Your task:
Starting with the line that holds "# Geberit Renova", repeat each line through the last one below, exactly. Pictures stay out.

___ Excerpted data ___

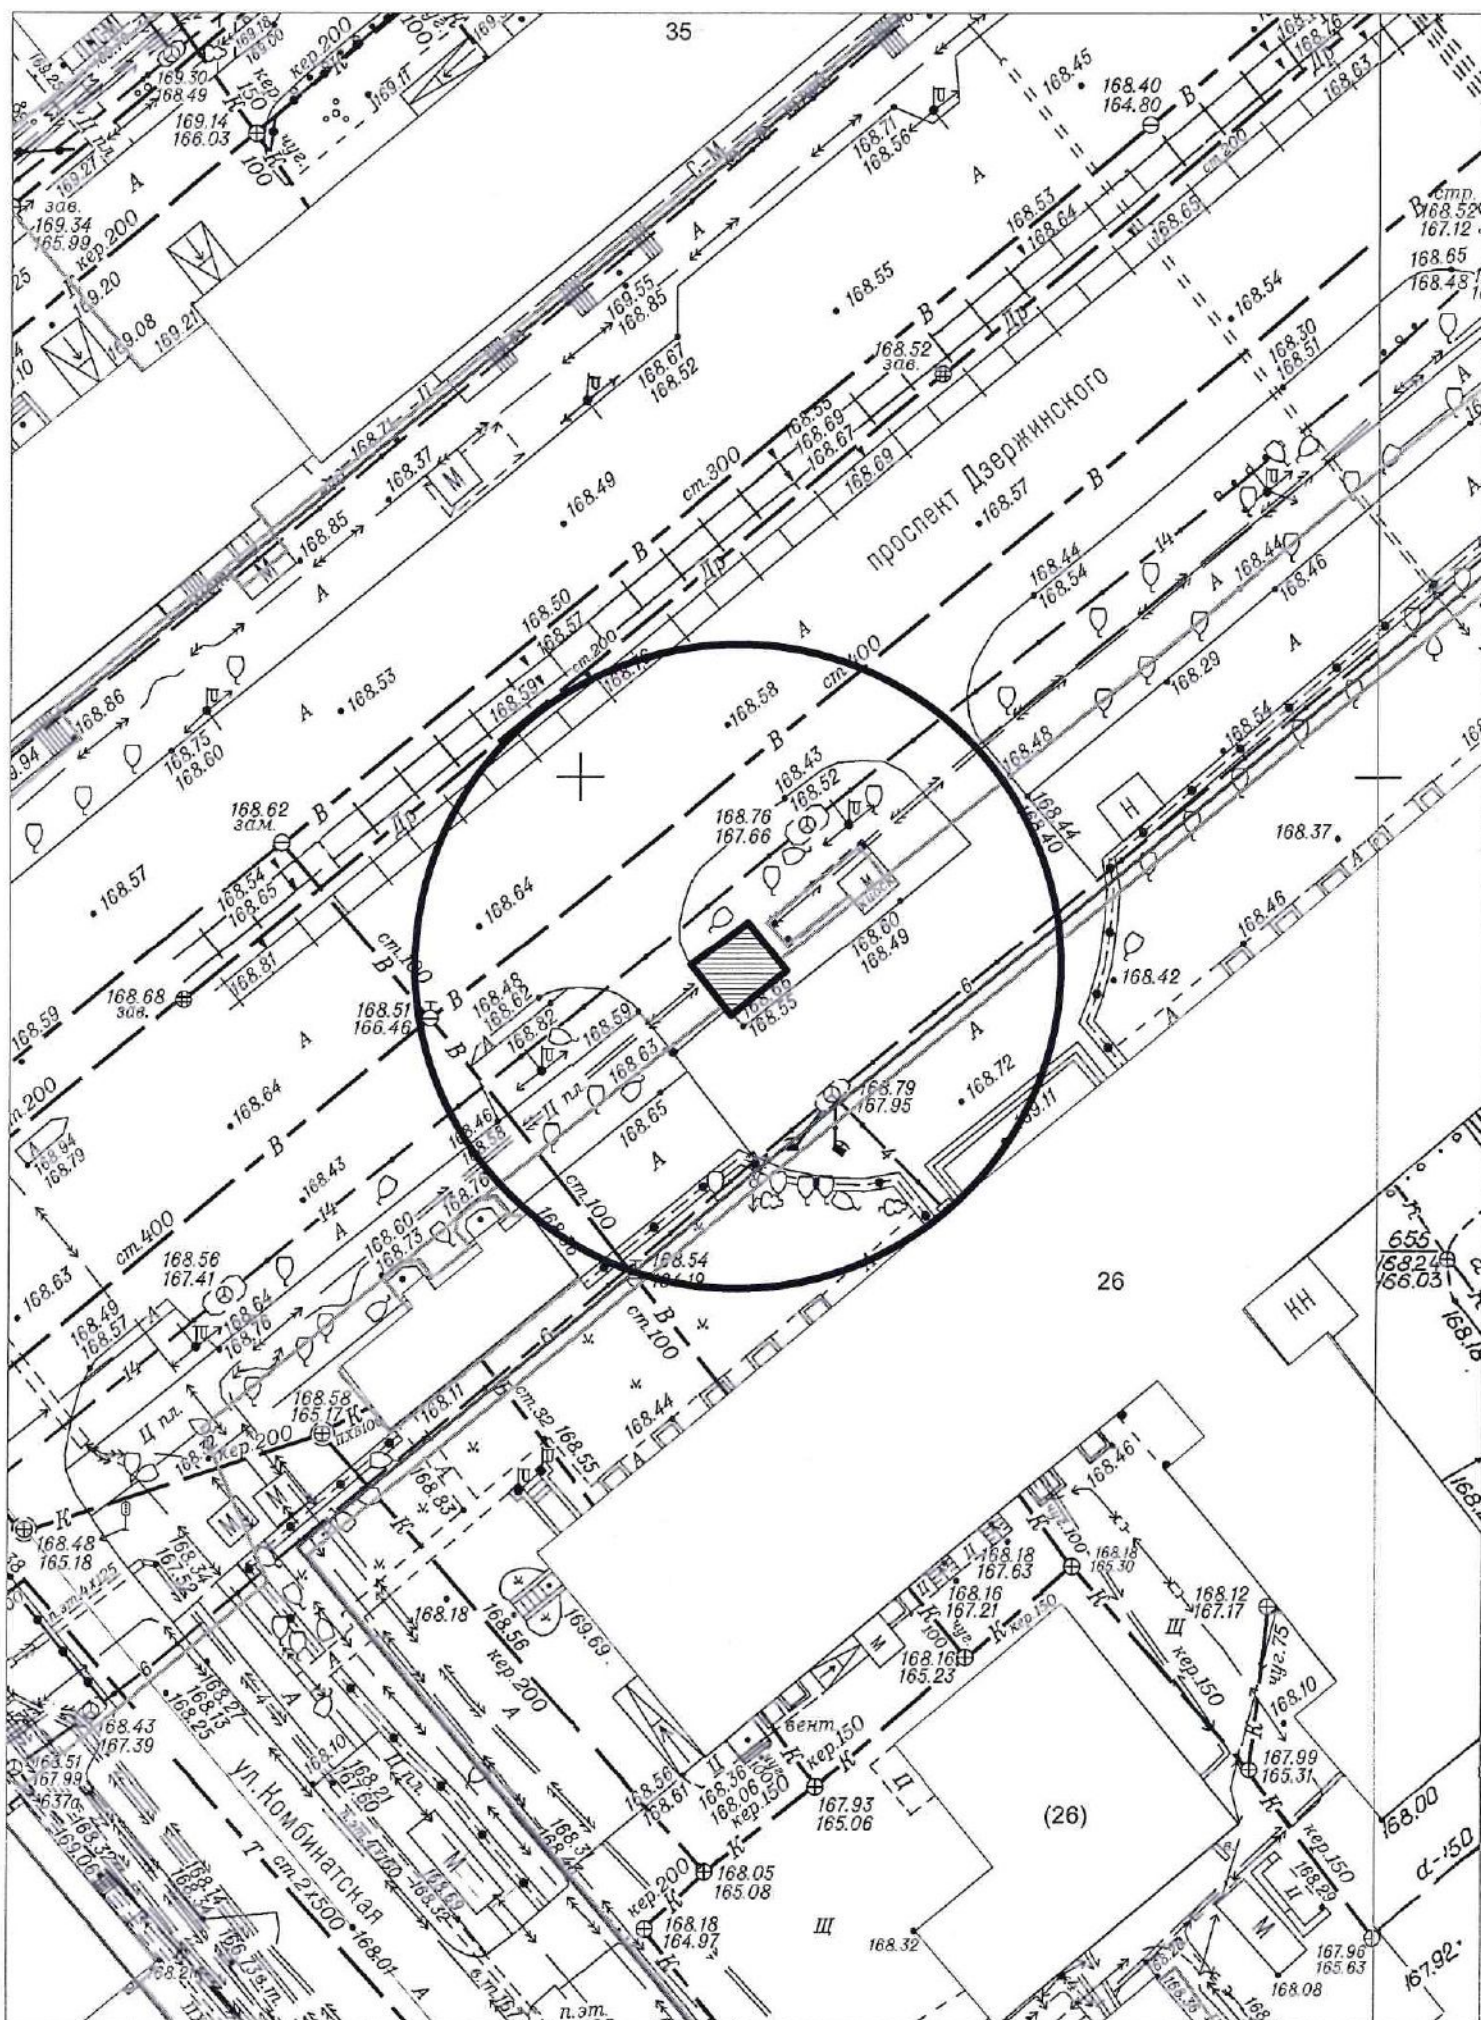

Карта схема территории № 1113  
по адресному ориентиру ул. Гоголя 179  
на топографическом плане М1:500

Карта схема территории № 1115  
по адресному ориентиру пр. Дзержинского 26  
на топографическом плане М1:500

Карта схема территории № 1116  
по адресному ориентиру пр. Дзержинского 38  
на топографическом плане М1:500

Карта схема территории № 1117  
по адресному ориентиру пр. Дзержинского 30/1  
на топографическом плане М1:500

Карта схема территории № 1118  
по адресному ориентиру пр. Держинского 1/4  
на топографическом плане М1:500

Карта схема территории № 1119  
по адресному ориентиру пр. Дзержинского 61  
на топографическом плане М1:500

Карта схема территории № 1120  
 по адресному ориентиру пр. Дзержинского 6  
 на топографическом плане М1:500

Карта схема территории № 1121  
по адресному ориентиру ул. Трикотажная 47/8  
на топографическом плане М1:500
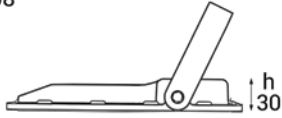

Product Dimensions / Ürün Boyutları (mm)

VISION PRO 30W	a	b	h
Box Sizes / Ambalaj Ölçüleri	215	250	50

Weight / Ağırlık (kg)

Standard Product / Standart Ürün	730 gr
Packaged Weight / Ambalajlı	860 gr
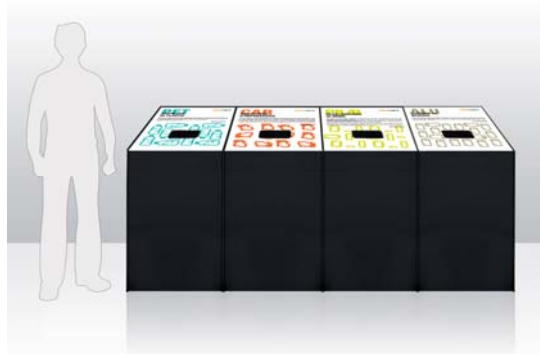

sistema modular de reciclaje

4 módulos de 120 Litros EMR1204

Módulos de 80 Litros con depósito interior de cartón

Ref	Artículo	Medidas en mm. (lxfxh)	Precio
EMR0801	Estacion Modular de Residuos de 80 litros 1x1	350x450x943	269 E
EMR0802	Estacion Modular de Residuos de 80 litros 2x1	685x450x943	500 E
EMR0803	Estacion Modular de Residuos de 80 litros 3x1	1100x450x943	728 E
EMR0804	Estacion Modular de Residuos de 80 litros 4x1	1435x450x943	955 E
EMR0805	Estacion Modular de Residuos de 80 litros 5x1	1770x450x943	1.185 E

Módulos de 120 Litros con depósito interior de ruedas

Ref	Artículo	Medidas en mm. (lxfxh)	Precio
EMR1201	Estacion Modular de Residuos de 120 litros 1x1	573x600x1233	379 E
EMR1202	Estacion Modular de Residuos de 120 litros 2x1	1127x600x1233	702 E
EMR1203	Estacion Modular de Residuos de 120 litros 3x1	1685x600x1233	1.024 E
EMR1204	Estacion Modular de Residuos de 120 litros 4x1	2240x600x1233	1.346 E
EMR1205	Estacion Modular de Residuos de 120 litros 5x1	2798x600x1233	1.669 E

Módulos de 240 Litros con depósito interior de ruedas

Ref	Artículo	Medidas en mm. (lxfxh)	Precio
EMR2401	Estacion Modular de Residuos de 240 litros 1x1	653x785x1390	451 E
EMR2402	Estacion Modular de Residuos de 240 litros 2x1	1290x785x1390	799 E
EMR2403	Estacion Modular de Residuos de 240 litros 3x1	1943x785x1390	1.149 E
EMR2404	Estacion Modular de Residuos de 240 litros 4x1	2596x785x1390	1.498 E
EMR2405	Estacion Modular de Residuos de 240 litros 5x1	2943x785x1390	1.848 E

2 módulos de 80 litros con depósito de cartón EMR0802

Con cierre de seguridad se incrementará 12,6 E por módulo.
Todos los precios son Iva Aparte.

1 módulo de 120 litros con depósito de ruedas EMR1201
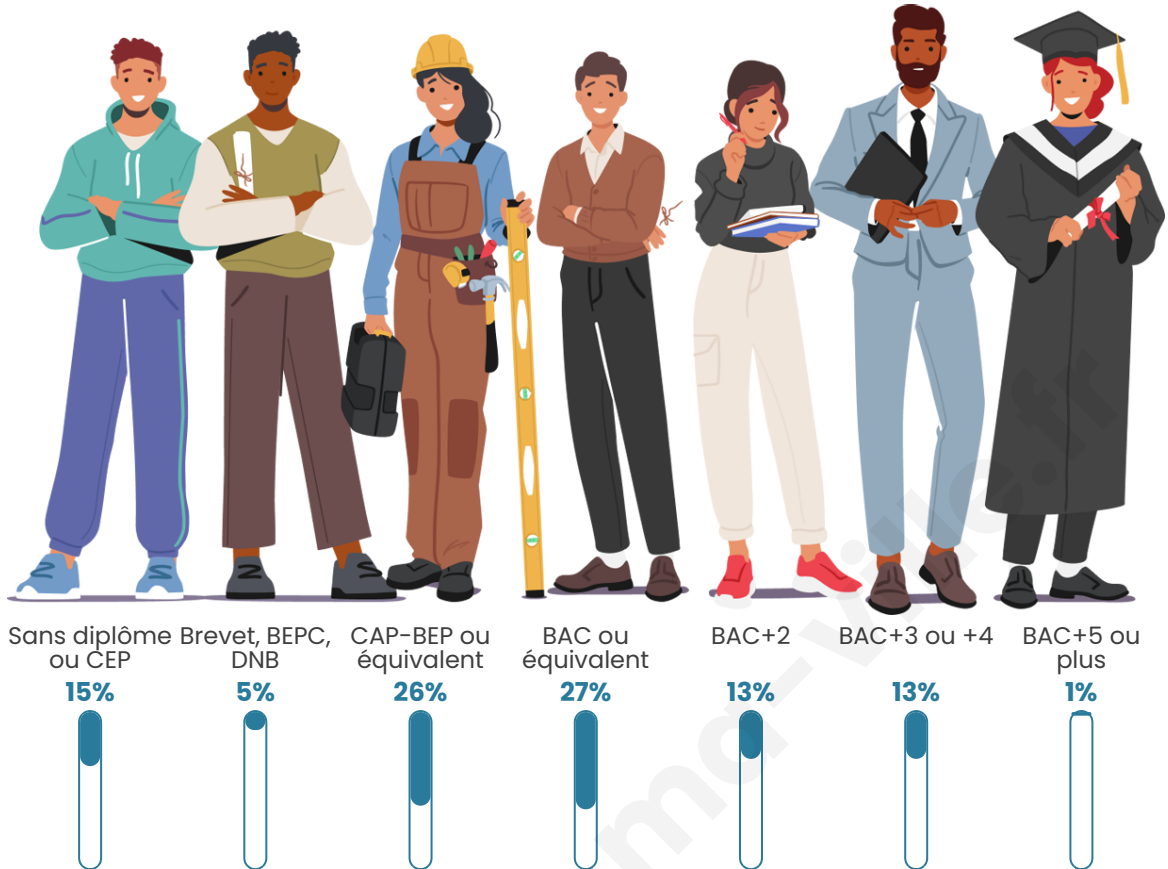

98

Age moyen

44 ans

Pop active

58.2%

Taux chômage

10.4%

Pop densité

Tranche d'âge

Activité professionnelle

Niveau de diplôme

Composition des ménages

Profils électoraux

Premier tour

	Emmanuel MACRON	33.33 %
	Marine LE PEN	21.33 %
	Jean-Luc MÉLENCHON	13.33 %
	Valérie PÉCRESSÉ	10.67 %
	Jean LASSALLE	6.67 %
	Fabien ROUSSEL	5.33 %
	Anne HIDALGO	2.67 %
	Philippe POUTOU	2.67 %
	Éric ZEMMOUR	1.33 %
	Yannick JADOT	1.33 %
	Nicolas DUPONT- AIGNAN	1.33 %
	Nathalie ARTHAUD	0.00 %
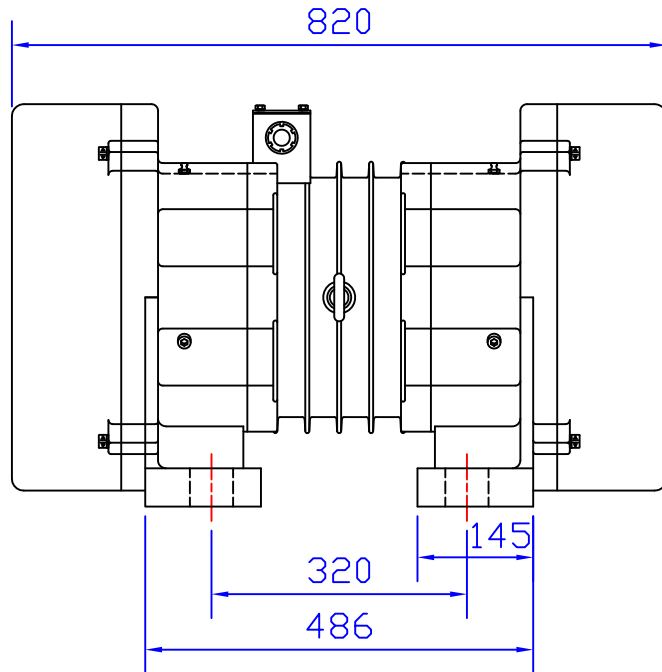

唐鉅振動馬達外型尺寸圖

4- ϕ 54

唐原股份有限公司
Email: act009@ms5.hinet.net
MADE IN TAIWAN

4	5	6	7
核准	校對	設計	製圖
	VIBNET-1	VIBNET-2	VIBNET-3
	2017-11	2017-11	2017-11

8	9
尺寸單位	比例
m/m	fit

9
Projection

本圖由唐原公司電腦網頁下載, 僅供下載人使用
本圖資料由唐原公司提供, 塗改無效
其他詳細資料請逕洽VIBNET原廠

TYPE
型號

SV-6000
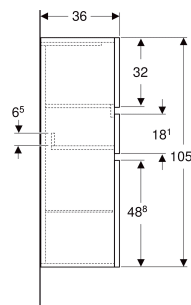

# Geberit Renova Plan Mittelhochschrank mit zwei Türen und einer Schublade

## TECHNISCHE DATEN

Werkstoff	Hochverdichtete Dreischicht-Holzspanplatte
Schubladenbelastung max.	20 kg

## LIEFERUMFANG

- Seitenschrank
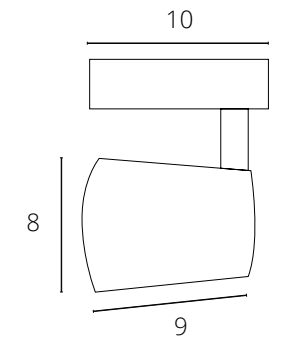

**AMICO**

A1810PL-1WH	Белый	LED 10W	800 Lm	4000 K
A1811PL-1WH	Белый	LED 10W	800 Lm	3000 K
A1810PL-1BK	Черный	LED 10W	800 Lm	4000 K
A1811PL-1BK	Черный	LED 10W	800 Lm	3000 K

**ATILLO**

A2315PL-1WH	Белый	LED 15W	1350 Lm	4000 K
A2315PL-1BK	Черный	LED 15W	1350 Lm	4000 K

___

Output:
# Geberit Renova Plan Mittelhochschrank mit zwei Türen und einer Schublade

## TECHNISCHE DATEN

Werkstoff	Hochverdichtete Dreischicht-Holzspanplatte
Schubladenbelastung max.	20 kg

## LIEFERUMFANG

- Seitenschrank

**AMICO**

A1810PL-1WH	Белый	LED 10W	800 Lm	4000 K
A1811PL-1WH	Белый	LED 10W	800 Lm	3000 K
A1810PL-1BK	Черный	LED 10W	800 Lm	4000 K
A1811PL-1BK	Черный	LED 10W	800 Lm	3000 K

**ATILLO**

A2315PL-1WH	Белый	LED 15W	1350 Lm	4000 K
A2315PL-1BK	Черный	LED 15W	1350 Lm	4000 K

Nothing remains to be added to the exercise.